DIRECTIONS =>
Reproduce the listing in full. Omit the pictures.
START SUPPLIED MATERIAL
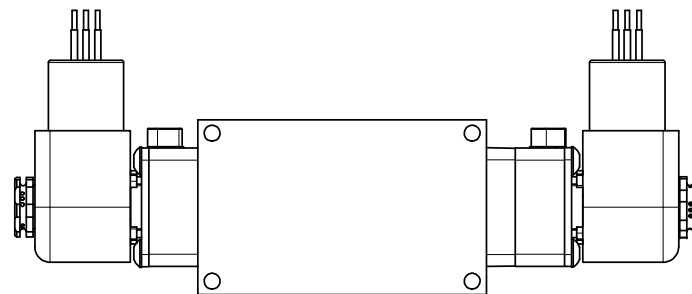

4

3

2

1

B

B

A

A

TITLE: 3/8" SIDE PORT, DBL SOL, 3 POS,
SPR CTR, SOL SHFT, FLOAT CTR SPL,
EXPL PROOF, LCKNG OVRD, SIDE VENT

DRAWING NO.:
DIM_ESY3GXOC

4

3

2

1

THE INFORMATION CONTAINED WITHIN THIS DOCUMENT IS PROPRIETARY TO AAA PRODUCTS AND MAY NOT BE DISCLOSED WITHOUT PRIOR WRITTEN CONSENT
END SUPPLIED MATERIAL
RESPONSE AREA =>
4

3

2

1

B

B

A

A

TITLE: 3/8" SIDE PORT, DBL SOL, 3 POS,
SPR CTR, SOL SHFT, FLOAT CTR SPL,
EXPL PROOF, LCKNG OVRD, SIDE VENT

DRAWING NO.:
DIM_ESY3GXOC

4

3

2

1

THE INFORMATION CONTAINED WITHIN THIS DOCUMENT IS PROPRIETARY TO AAA PRODUCTS AND MAY NOT BE DISCLOSED WITHOUT PRIOR WRITTEN CONSENT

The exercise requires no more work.